— WORK TO BE COMPLETED —
Pull out every line below containing the word "CENTRAL".

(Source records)
+-------+
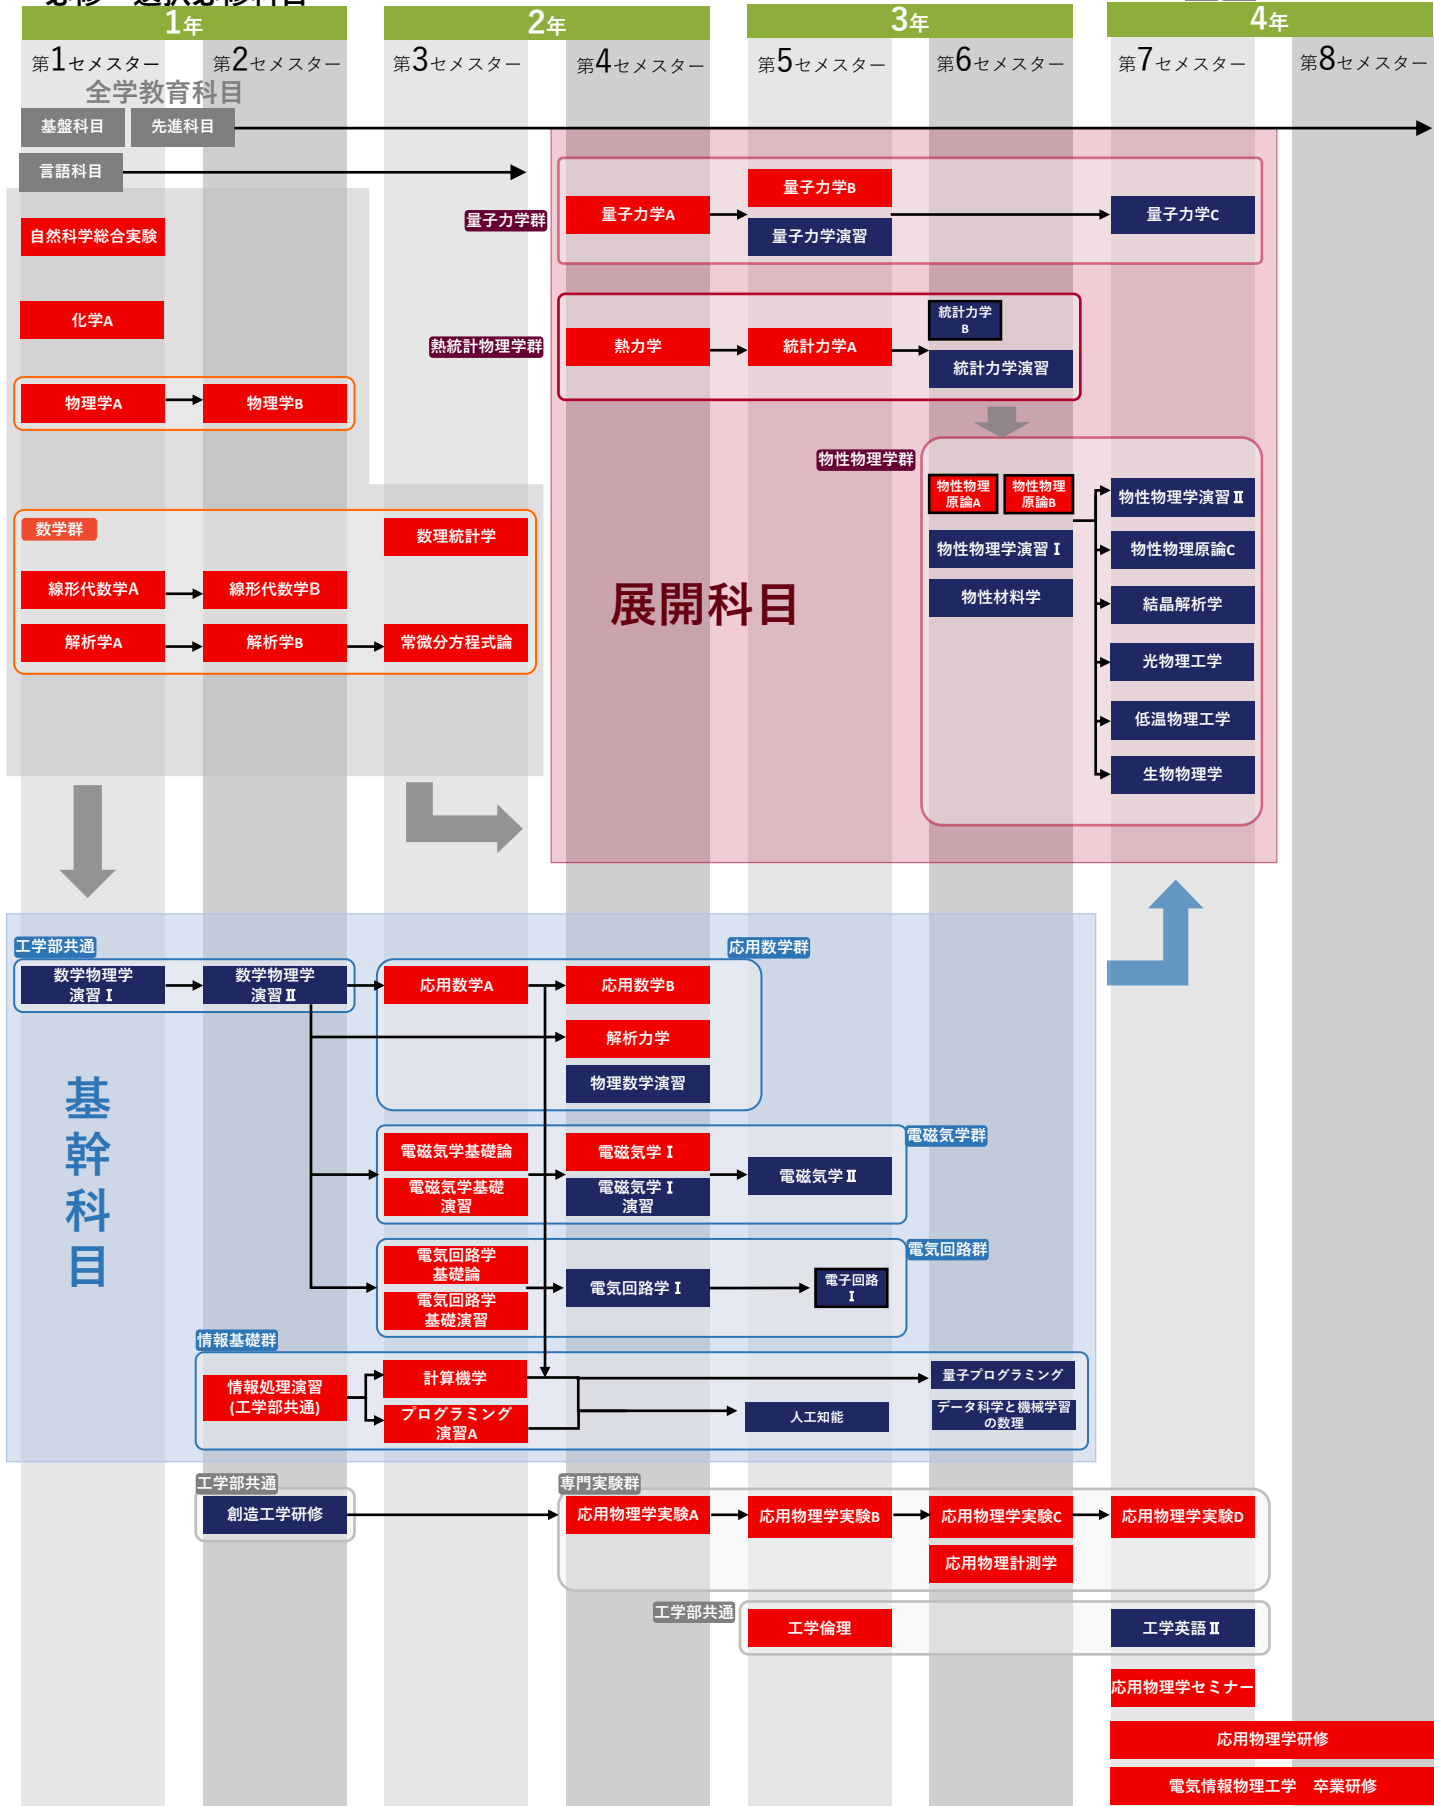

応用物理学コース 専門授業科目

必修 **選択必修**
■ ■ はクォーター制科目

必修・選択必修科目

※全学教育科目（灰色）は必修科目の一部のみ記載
+-------+
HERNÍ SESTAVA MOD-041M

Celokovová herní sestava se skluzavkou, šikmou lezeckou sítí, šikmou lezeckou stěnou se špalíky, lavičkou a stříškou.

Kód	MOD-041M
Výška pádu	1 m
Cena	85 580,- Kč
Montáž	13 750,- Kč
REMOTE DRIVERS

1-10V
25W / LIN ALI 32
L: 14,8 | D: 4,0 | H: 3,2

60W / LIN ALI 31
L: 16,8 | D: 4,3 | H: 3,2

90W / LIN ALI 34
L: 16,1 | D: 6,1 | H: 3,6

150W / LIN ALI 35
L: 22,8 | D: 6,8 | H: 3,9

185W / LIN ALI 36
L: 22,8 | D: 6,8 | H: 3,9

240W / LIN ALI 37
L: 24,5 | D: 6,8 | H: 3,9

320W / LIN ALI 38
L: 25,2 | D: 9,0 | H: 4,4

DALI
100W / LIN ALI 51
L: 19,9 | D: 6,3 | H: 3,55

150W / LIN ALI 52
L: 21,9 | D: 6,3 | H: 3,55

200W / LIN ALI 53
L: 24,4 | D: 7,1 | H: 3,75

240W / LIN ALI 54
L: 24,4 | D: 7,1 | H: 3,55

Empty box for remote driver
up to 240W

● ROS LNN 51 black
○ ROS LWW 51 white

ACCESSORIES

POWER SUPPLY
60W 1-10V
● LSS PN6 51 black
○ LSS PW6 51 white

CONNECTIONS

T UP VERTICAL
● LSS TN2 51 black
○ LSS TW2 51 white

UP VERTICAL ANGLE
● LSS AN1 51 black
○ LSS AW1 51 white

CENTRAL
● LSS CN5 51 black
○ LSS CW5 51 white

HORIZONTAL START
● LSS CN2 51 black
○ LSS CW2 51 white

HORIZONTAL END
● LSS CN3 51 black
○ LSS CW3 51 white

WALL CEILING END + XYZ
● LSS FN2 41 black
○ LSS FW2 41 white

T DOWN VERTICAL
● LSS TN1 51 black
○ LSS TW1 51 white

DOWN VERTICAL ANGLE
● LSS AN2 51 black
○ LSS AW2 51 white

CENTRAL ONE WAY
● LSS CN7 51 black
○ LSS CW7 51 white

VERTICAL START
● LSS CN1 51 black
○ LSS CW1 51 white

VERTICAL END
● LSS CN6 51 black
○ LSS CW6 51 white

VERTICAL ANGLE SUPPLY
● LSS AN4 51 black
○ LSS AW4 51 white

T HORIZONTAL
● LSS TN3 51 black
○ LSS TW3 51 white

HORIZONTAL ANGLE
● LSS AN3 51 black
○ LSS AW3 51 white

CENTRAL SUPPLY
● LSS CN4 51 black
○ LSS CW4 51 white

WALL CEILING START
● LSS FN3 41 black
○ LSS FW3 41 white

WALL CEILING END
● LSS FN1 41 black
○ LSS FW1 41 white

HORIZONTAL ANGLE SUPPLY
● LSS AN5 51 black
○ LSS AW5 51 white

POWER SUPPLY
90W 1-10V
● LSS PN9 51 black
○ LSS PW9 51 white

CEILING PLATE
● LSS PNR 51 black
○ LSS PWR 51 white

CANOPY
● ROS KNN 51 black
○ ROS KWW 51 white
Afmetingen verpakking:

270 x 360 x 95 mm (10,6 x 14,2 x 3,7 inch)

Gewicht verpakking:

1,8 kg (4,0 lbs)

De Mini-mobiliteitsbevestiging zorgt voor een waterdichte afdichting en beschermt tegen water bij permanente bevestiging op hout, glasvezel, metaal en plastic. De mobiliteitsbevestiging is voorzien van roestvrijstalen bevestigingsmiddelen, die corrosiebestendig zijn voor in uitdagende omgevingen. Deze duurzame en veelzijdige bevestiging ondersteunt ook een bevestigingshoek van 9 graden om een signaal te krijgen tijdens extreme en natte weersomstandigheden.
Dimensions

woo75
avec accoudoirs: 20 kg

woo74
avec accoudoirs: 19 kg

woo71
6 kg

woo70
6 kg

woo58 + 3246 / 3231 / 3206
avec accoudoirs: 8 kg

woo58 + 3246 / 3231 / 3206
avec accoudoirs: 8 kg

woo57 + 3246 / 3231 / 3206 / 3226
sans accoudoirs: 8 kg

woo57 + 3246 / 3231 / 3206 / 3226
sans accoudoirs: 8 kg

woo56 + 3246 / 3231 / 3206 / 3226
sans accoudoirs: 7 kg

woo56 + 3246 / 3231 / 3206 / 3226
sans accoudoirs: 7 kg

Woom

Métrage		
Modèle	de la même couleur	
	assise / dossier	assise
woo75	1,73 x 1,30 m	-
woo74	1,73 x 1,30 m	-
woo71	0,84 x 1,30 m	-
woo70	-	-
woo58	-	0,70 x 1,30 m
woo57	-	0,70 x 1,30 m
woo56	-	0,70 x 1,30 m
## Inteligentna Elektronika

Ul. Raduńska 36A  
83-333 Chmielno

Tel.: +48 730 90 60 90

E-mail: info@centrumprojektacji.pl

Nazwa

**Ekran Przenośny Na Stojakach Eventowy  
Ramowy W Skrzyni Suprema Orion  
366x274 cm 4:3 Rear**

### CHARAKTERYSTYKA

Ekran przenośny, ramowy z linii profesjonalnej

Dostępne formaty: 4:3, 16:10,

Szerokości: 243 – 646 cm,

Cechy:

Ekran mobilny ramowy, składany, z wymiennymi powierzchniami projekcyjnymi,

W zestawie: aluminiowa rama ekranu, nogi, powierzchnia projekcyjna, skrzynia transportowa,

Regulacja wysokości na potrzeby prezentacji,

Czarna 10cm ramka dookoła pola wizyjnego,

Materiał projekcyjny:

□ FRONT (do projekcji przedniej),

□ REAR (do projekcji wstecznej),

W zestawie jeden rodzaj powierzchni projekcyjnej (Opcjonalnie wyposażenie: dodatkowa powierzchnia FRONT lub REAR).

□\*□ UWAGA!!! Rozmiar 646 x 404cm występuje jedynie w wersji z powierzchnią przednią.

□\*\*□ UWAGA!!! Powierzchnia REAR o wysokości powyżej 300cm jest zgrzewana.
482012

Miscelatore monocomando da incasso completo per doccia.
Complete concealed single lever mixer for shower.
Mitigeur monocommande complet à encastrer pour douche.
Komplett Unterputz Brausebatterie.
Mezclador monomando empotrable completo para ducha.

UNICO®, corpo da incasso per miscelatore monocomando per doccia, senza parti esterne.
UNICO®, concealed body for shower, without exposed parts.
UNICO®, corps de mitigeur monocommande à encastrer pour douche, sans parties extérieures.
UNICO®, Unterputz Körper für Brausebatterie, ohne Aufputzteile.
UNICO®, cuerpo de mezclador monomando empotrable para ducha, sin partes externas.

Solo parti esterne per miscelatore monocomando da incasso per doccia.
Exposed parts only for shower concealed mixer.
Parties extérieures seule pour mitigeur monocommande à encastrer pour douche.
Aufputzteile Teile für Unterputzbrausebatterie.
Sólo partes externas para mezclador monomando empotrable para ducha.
+-------+
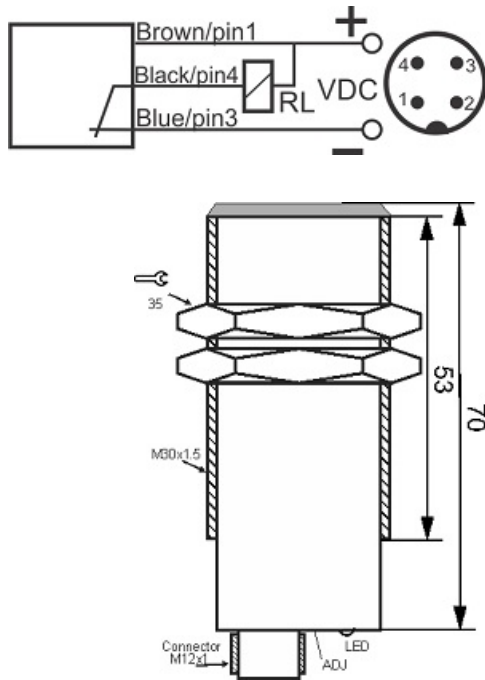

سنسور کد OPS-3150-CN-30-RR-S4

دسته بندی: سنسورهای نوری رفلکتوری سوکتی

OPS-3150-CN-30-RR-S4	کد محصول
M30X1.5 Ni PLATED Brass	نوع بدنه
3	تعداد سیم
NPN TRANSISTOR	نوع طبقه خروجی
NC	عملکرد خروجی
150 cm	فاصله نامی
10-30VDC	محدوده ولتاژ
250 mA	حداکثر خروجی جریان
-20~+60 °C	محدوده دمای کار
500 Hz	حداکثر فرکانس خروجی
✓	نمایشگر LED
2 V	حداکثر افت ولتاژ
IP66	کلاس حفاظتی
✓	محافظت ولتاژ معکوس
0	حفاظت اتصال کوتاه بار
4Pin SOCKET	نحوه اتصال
+-------+
— REPLY —
CENTRAL
CENTRAL ONE WAY
CENTRAL SUPPLY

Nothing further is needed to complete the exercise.